Graphical model of the relationship between the measured ADC-map (red box, also denoted as ORIG), the texture parameter maps computed from it (yellow boxes), and finally the texture parameters (green ellipsoid) that were taken as feature inputs of the RF classification algorithm. ADC: apparent diffusion coefficient; RF: random forest.

Manual tumor segmentation and reproducibility of classifiers

Three independent raters segmented the tumor volume slice by slice in the ADC-maps of all 40 included PA, MDB, and EPM patients, by drawing manually contours that surround the complete tumor-affected tissue (i.e. solid parts and edema). Per slice, per contour, and per texture map 94 texture parameters are computed. The number of pixels within one contour defines the weighting factor for computation of the averaged mean value of the parameter over all slices. In this fashion, 94 texture parameters are obtained per patient to characterize the tumor. These values are the input features of the RF algorithm.

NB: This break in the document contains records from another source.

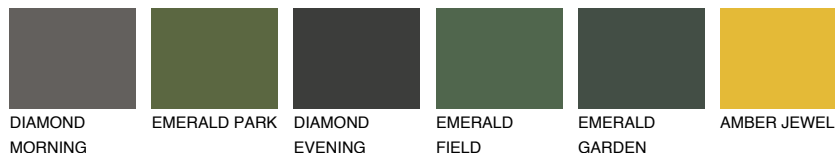

АТАСАМА1 АС1

65% TSR 67%

Супутній кольори

Кольори

INTENSE

Для отримання додаткової інформації про штукатурки і фарби перейдіть
за посиланням www.ceresit.com

www.ceresit.ua
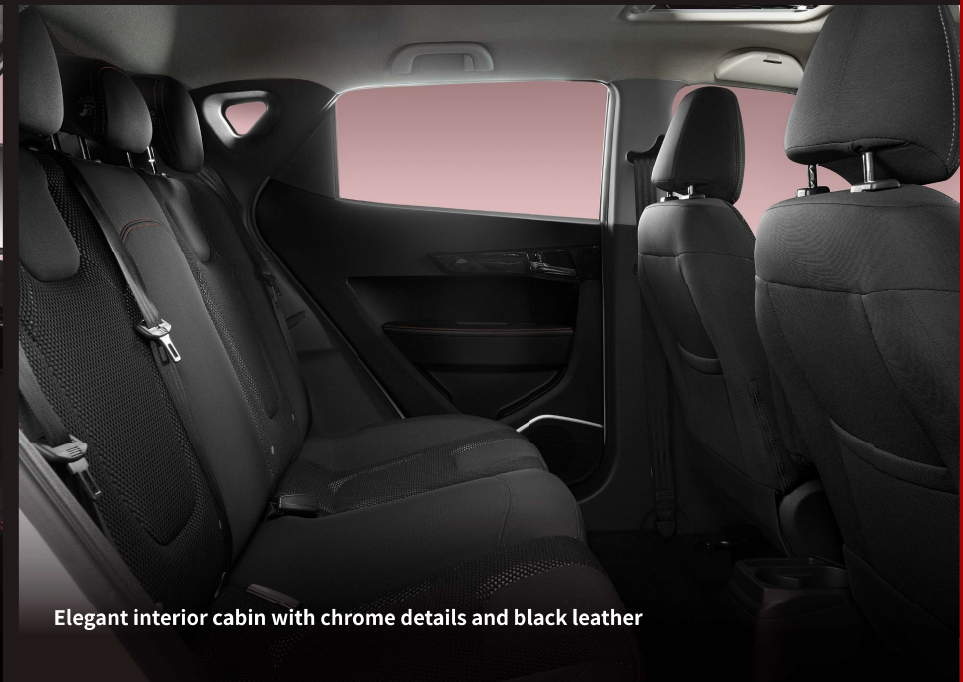

Elegant interior cabin with chrome details and black leather
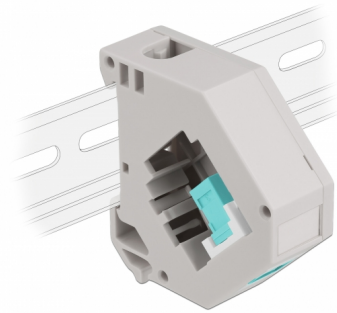

# Delock Αντάπτορας τροχιάς DIN rail με Keystone SC Simplex θηλυκό προς SC Simplex θηλυκό

## Περιγραφή

Αυτός ο αντάπτορας της Delock περιέχει μια κατάλληλη μονάδα Keystone με έναν Ζεύκτη SC Simplex που μπορεί να χρησιμοποιηθεί για τη σύνδεση καλωδίων οπτικών ινών.

### Τοποθέτηση Ράβδου DIN

Ο αντάπτορας μπορεί να τοποθετηθεί σε πλατιά τροχιά DIN των 35 χιλ. Επιπλέον, ο αντάπτορας επίσης διαθέτει ένα μικρό τμήμα για ετικέτες που μπορεί να χρησιμοποιηθεί μεμονωμένα ως χώρος ετικέτας ή να χρησιμοποιηθεί ως χώρος για διάφορα σύμβολα.

## Προδιαγραφές

- Συνδετήρας:
  - 1 x SC Simplex θηλυκό >
  - 1 x SC Simplex θηλυκό
- Διάδρομος στερέωσης DIN: 35 χιλ.
- Με δυνατότητα στοίβαξης
- Με χώρο ετικέτας
- Θερμοκρασία λειτουργίας: -40 °C ~ 85 °C
- Υλικό: πλαστικό
- Χρώμα: γκρί / λευκό / άκουα
- Διαστάσεις (ΜxΠxΥ): περ. 60,1 x 59,4 x 21,6 mm
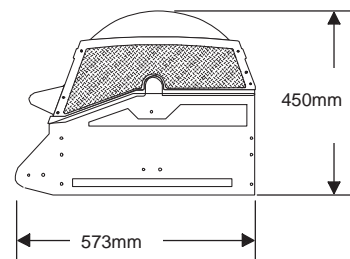

Informazioni tecniche

Τεχνικά Χαρακτηριστικά

Especificações técnicas

Technische Specificaties

Tekniske specificationer

Teknisk specifikation

A		
x 2		493mm
x 3		660mm
x 4		816mm
x 5		973mm

Built-in Dimensions

Dimensioni per montaggio a incasso

Εντοιχισμός

Dimensões da estrutura de suporte

Inbouw maten

Indbyggede dimensioner

Inbyggnadsmått

B		
x 2		523mm
x 3		690mm
x 4		846mm
x 5		1003mm

Australia's Leading Barbecue
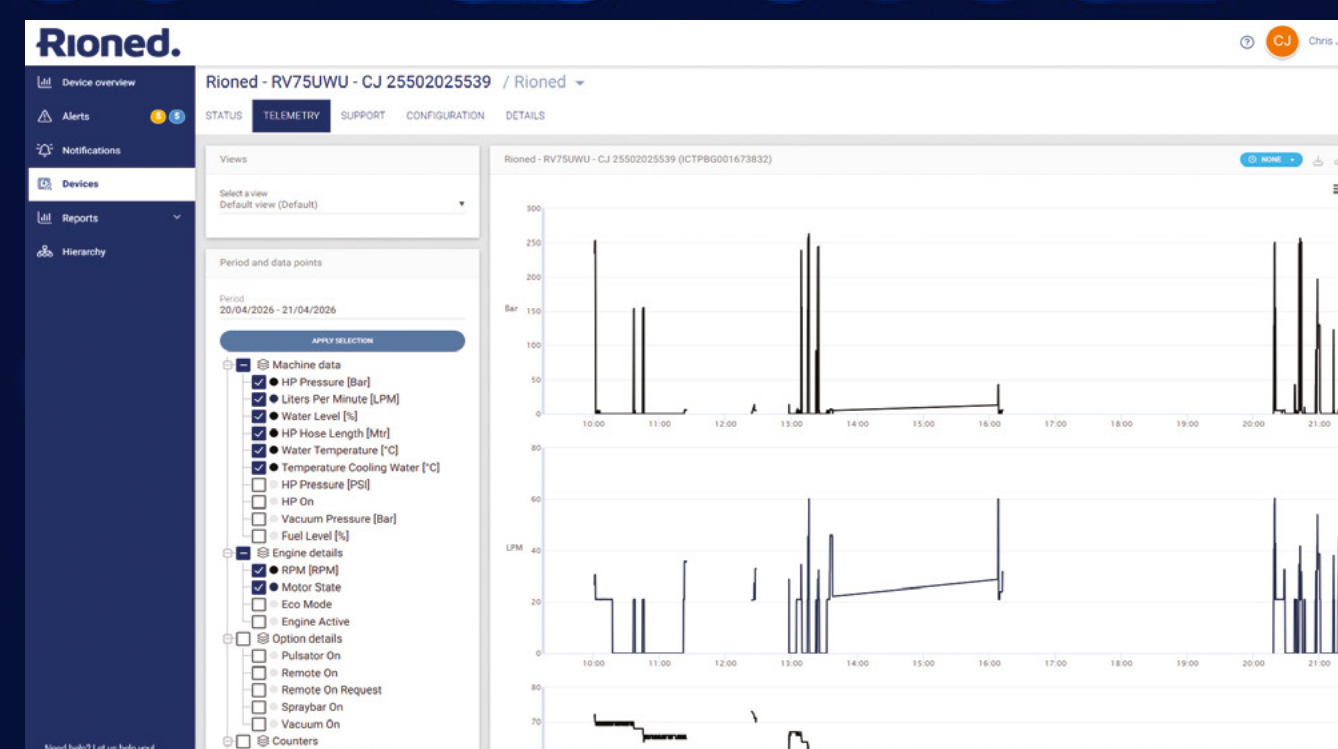

- Carte SIM intégrée
- Données machine en temps réel
- Accès au portail cloud
- Première année RioConnect OFFERTE

Les données machine sont transmises directement au portail RioConnect, sans nécessiter d'intégration avec vos systèmes informatiques internes.

Les données en temps réel sur l'activité, les usages et la localisation permettent une meilleure planification, un entretien plus efficace et un meilleur suivi des opérations.

RioConnect permet aux équipes d'agir plus rapidement grâce à des alertes e mail personnalisées pour une intervention rapide.

Plateforme cloud
sécurisée

Données en temps réel
et historiques

Fonctionne via une
passerelle SIM intégrée

Compatible avec une ou
plusieurs machines Rione

LA NOUVELLE RÉFÉRENCE EN HYDROCURAGE CONNECTÉ

**RÉSERVEZ UNE
DÉMONSTRATION
CITYJET**

Découvrez la puissance de la CityJet : des performances élevées, une utilisation simple et un accès permanent aux données de votre machine. Avec RioConnect intégré de série, chaque CityJet vous aide à travailler plus efficacement et à garder le contrôle de vos interventions.
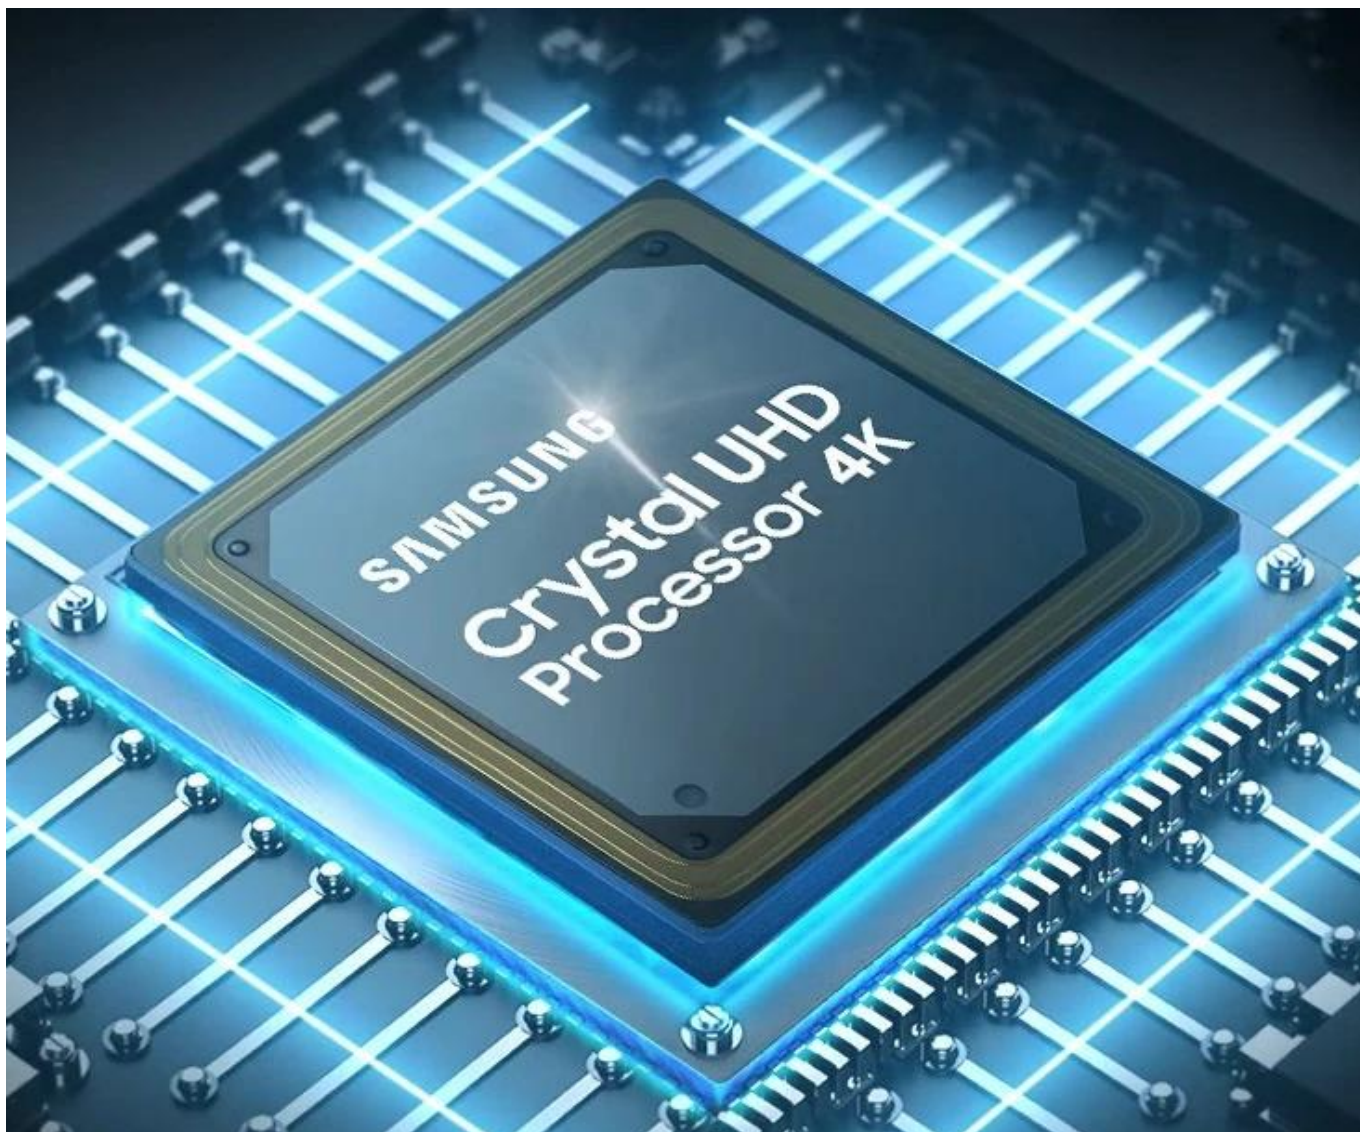

SAMSUNG CRYSTAL UE50U8072F 50"

Cena celkem:	9 886 Kč (bez DPH: 8 170 Kč)
Běžná cena:	10 875 Kč
Ušetříte:	989 Kč
Kód zboží:	TELSAM1292
Part No.:	UE50U8072FUXXH
Záruka:	24 měs.
Stav:	Nové zboží

Popis**Samsung Crystal UHD UE50U8072F - chytré domácí kino**

S **chytrou televizí Samsung Crystal UHD UE50U8072F** si užijete filmové zážitky ve večerních i denních hodinách. Tato modelová řada je navržena pro moderní domácí zábavu a přinese vám takové dojmy, které ve vás budou rezonovat ještě po závěrečných titulcích. **Samsung Crystal UHD UE50U8072F** disponuje obrazovkou s úhlopříčkou 50 palců, na které je neustále na co koukat. **Integrovaný Crystal Processor 4K** vymaluje obraz jako z pohádky – bez ohledu na filmový žánr. Procesor s technologií **upscalingu** zvyšuje rozlišení až na **kvalitu 4K**, přináší širší paletu barev, realistické a detailní vykreslení obrazu. Samozřejmě je dokonale ostrý obraz, který zchytí i velmi jemné detaily.

Smart TV Samsung Crystal UE50U8072F se může pyšnit **designem MetalStream**, který dodá vašemu interiéru punc luxusu. Jednoduchá kovová konstrukce rovněž poskytuje více prostoru pro samotnou obrazovku, takže vám při sledování nebude nic překážet. **Operační systém Tizen Smart TV** představuje uživatelsky přívětivé rozhraní pro přístup ke streamovacím službám a personalizované multimediální zážitky.

Measures for neuroradiological diagnostic performance

To investigate the diagnostic neuroradiological performance in our department, we retrospectively analyzed the neuroradiological diagnostic texts, stored in our institutes’ Radiological Information System (RIS)-system for all study patients. All diagnostic texts in our institute are based upon the four-eyes principle, where a junior neuroradiologist and a senior neuroradiologist analyze all images of the examination. Additionally, the final diagnostic text is approved by a senior neuroradiologist.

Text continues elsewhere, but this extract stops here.